O que os ministros avaliaram ontem foi apenas a validade da decisão liminar. Prevaleceu o entendimento de que, se mantida e, por consequência, cumprida, ela não seria reversível caso o julgamento do mérito fosse em sentido contrário.
"Não se concede liminar quando ela seja de caráter irreversível. Nesse caso, o acesso às notas seria irreversível e uma eventual denegação do mandado de segurança seria inútil", disse Cezar Peluso. Além dele, votaram pela derrubada da liminar Gilmar Mendes, Ricardo Lewandowski, Joaquim Barbosa, Eros Grau e Ellen Gracie.
Com Marco Aurélio, votaram pela manutenção da liminar Carlos Ayres Britto, Cármen Lúcia e Celso de Mello.
Dos 10 ministros, apenas 5 se manifestaram em relação ao mérito. Quatro foram favoráveis a dar publicidade às notas. Apenas Ellen Gracie manifestou-se em sentido contrário. "É grande o número de parlamentares, deve ser grande o número de notas. Indago se existe razoabilidade em um pedido que não aponta qual é a investigação", disse a ministra.

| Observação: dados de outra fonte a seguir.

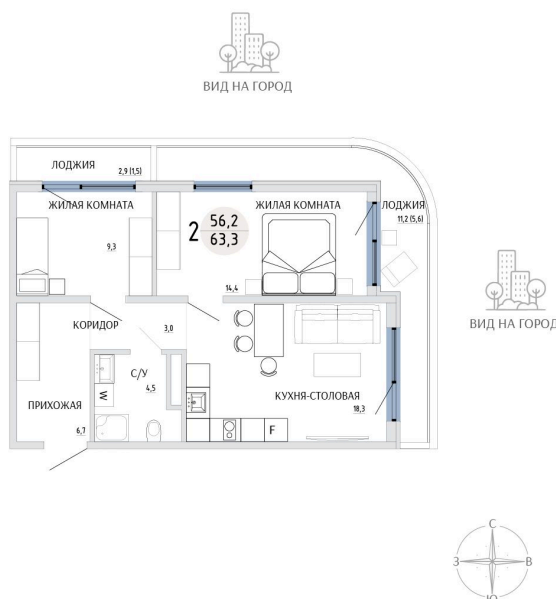

Номер: 37

2 КОМНАТНАЯ 63.3 М²

Отсканируйте QR-код и
смотрите на сайте
komarovokrim.ru

10 580 000 руб.

В ипотеку от 31 717 руб.

ПРЕДЧИСТОВАЯ ОТДЕЛКА

Корпус	ЖД 4 -	Этаж	5
Секция	1	Сдача	2 кв. 2028

31.05.2026 08:42 (Мск)

Не является публичной офертой, цена может быть скорректирована.
Информация взята с сайта «komarovokrim.ru».

НА ЭТАЖЕ 5

2 КОМНАТНАЯ 63.3 М²

ул. Заречная

ул. Комарова

31.05.2026 08:42 (Мск)

Не является публичной офертой, цена может быть скорректирована.

Информация взята с сайта «komarovkrim.ru».

НА ГЕНПЛАНЕ ЖД 4 -

2 КОМНАТНАЯ 63.3 М²

31.05.2026 08:42 (Мск)

Не является публичной офертой, цена может быть скорректирована.
Информация взята с сайта «komarovokrim.ru».

"O cidadão tem o direito de exigir, não de requerer, mas de exigir acesso aos dados públicos", afirmou Celso de Mello. "É incompreensível negar acesso à documentação de uso de verba pública que, a rigor, deveria ser estampada na internet", afirmou Marco Aurélio, segundo quem o caso é "emblemático para saber o estágio atual do Estado democrático de Direito". Os dois foram incisivos ao censurar o presidente da Câmara, Michel Temer (PMDB-SP), por não ter cumprido a liminar no decorrer dos 42 dias.
"A desobediência a ordem ou decisão judicial pode gerar em nosso sistema jurídico gravíssimas consequências. (...) Não se justifica a arbitrária resistência ao cumprimento de decisões", afirmou Celso de Mello.
A Câmara argumenta que cumpriu a decisão já que estaria providenciando as cópias.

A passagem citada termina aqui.